‘Ashamed’ (1911)

‘Ashamed’ (1911)

Any colored man who complains of the treatment he receives in America is apt to be faced sooner or later by the statement that he is ashamed of his race.

The statement usually strikes him as a most astounding piece of illogical reasoning, to which a hot reply is appropriate.

And yet notice the curious logic of the persons who say such things. They argue:

White men alone are men. This Negro wants to be a man. Ergo he wants to be a white man.

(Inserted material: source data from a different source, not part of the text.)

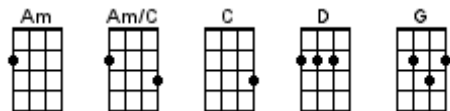

BUG Jam Songbook Chord Chart

July 17, 2024

1234

500 Miles

Aloha 'oe

Bald-Headed Lena

The Big Rock Candy Mountains

Constant Craving

Gracefield

He Played His Ukulele As The Ship Went

Down

Help Me Rhonda

House At Pooh Corner

I Lost My Baby

I'm Gonna Be (500 Miles)

Love Is A Rose

Mad World

Our Town
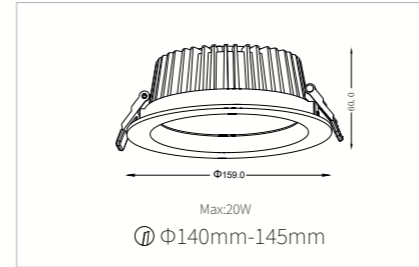

Specifications

- Material: Aluminum Die Casting
- Optics System: SMD
- LED: 7W/10W/12W/15W, CRI>90
- CCT: 2700K, 3000K, 3500K, 4000K, 2700~6000K
- Beam Angle: 110°
- IP Class: IP20/IP54
- LED Driver: On-Off, TRIAC Dim, 1-10V Dim, DALI Dim, Wireless Dim
- Face Ring: White/Black
- Input: AC220~240V/50~60Hz

Model	Power	CRI	CCT	Beam Angle	LED Output	System output	Dimming Type
Trim KS-D2L-307	7W	90	2700K 3000K 3500K 4000K 5000K 2700K-6000K	110°	886lm	656lm	ON-OFF TRIAC 1-10V DALI WIRELESS

Trim KS-D2L-310	10W	90	2700K 3000K 3500K 4000K 5000K 2700K-5700K	110°	1264lm	896lm	ON-OFF TRIAC 1-10V DALI WIRELESS
------------------------	-----	----	--	------	--------	-------	--

Model	Power	CRI	CCT	Beam Angle	LED Output	System output	Dimming Type
Trim KS-D2L-412	12W	90	2700K 3000K 3500K 4000K 5000K 2700K-5700K	110°	1503lm	1121lm	ON-OFF TRIAC 1-10V DALI WIRELESS

Trim KS-D2L-415	15W	90	2700K 3000K 3500K 4000K 5000K 2700K-5700K	110°	1886lm	1465lm	ON-OFF TRIAC 1-10V DALI WIRELESS
------------------------	-----	----	--	------	--------	--------	--

Trim

Trim

Trim

Specifications

- Material: Aluminum Die Casting
- Optics System: SMD
- LED: 20W/25W/30W/35W/40W, CRI>90
- CCT: 2700K, 3000K, 3500K, 4000K, 2700~6000K
- Beam Angle: 110°
- IP Class: IP20/IP54
- LED Driver: On-Off, TRIAC Dim, 1-10V Dim, DALI Dim, Wireless Dim
- Face Ring: White/Black
- Input: AC220~240V/50~60Hz
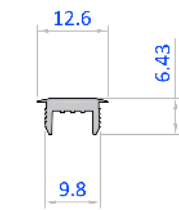

ABS CRE 55

ABS CRE55

Finishes	Plain colour	☒	Available in straight lengths	☒
	Serigraphy	☐	Available on rolls	☐
	Transfer film	☐		
	Mylar metal film	☐		
	Alu wrapping	☐	Accessories available	☐
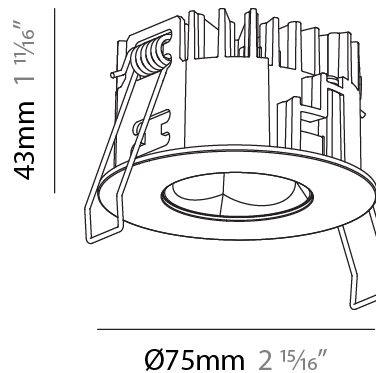

Series: Oiko Pro Round
Subseries: Oiko Pro Round Fixed
Brand: Prolicht
Division: Architectural
Mounting Type: Recessed
Mounting Location: Ceiling
Subcategory: Downlight

PHYSICAL

Shape: Round
Diameter (mm): 75
Diameter (in): 2 ¹⁵/₁₆
Height (mm): 43
Height (in): 1 ¹¹/₁₆
Ceiling Thickness (mm): 1 - 25
Ceiling Thickness (in): 1/16 - 1 3/16
Min. Recessing Depth (mm): 50
Min. Recessing Depth (in): 1 ¹⁵/₁₆
Light Distribution: Direct
Diffuser: Lens Pack - Spread Lens / Linear Spread Lens / Honeycomb Louver
Fixture Finish: SSR / BKV / CWI / CRY / HAB / UFT / ITA / RUA / FTG / MYG / LOD / PUS / FRO / FUP / KIA / POP / BLS / SPG / MEY / GOH / GUM / CHC / COM / ABZ / JAG / OBR / MOS / ROR
Fixture Material: Aluminum Die Cast
Cut-out Measurements: 68mm / 2 11/16" Diameter

ELECTRICAL

Lamp Type: LED (Zhaga Standard)
Input Wattage (W): 15
Total Output Wattage (W): 13.6
Dimming: Tri-Mode (Non-Dimming and Phase Dimming (120Vac only) and 0-10V Dimming)
Driver Included: No
Driver Location: Recessed Housing
Driver Type: Constant Current - Universal
Driver Class: Class 2
Input Voltage (V): 120 - 277
Constant Current (MA): 350

LED

Color Temperature (°K): 2700 / 3000 / 3500 / 4000
Max. Delivered Lumen (lm): 1464 / 1556 / 1630 / 1645
Nominal Lumen (lm): 1566 / 1665 / 1743 / 1759
CRI: >90 CRI
Lamp Life (hrs): 50000

OPTICAL

Reflector°: 60
Adjustability: Fixed

RATINGS AND CERTIFICATIONS

Certified By: Certified for North American Standards
IP rating: IP20
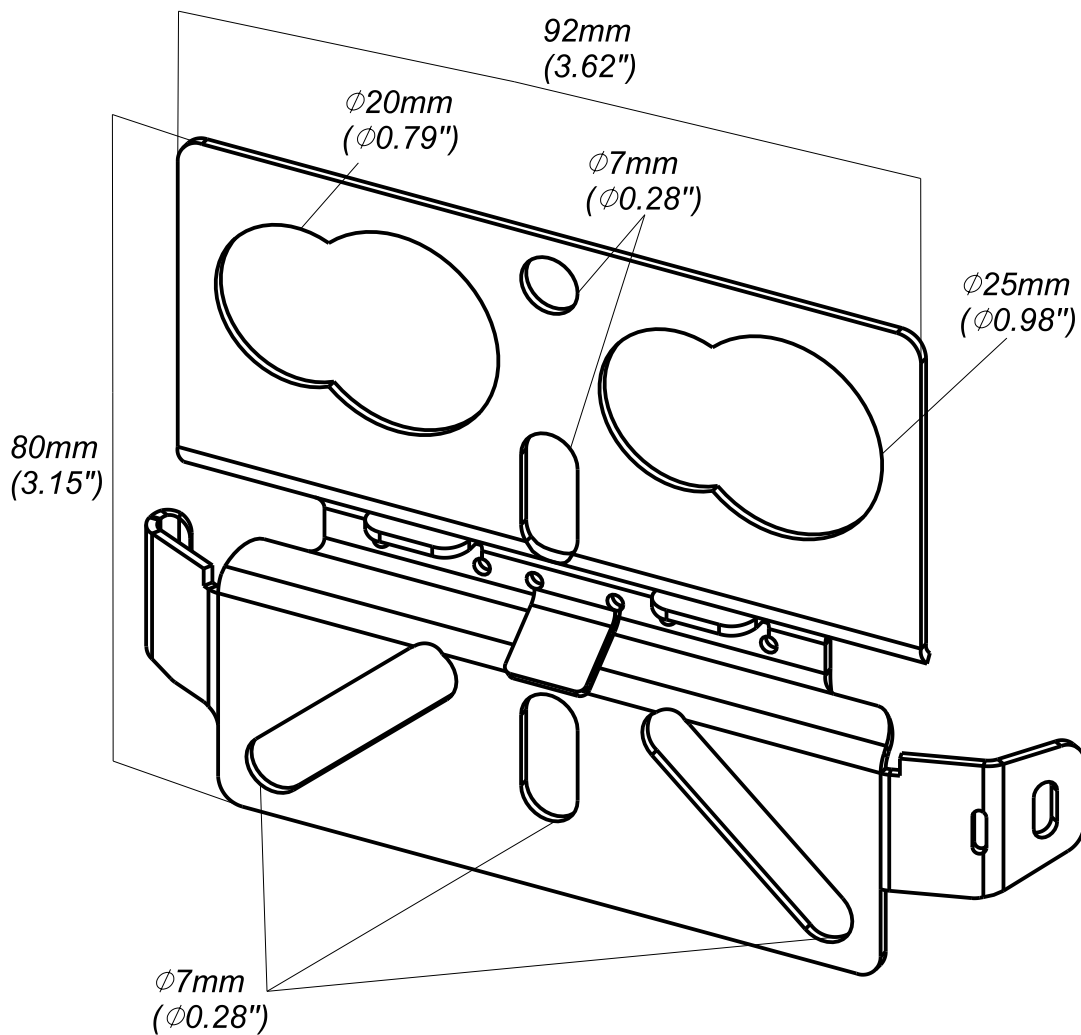

SUPPORT BOITE DE DERIVATION
SBDN DIVERSION BOX SUPPORT

ZM

CABLE
MANAGEMENT

FT0473-10

04 / 18

REF	CODE	POIDS (Kg)	WEIGHT (lb)	EPAISSEUR / THICKNESS (mm) (inch)
SBDN	585 417	0.060	0.132	1.2 (0.05")

Material	Standard
DX 51 D ZM310 MAC	EN 10 346

Their attention is drawn to the efforts of colored people to be treated decently. This minor premise therefore attracts them. But the major premise—the question as to treating black men like white men—never enters their heads, nor can they conceive it entering the black man’s head. If he wants to be a man he must want to be white, and therefore it is with peculiar complacency that a Tennessee paper says of a dark champion of Negro equality: “He bitterly resents his Negro blood.”

Not so, O Blind Man. He bitterly resents your treatment of Negro blood. The prouder he is, or has a right to be, of the blood of his black fathers, the more doggedly he resists the attempt to load men of that blood with ignominy and chains. It is race pride that fights for freedom; it is the man ashamed of his blood who weakly submits and smiles.


Citation: Du Bois, W.E.B. 1911. “‘Ashamed.’” The Crisis. 1(3):21.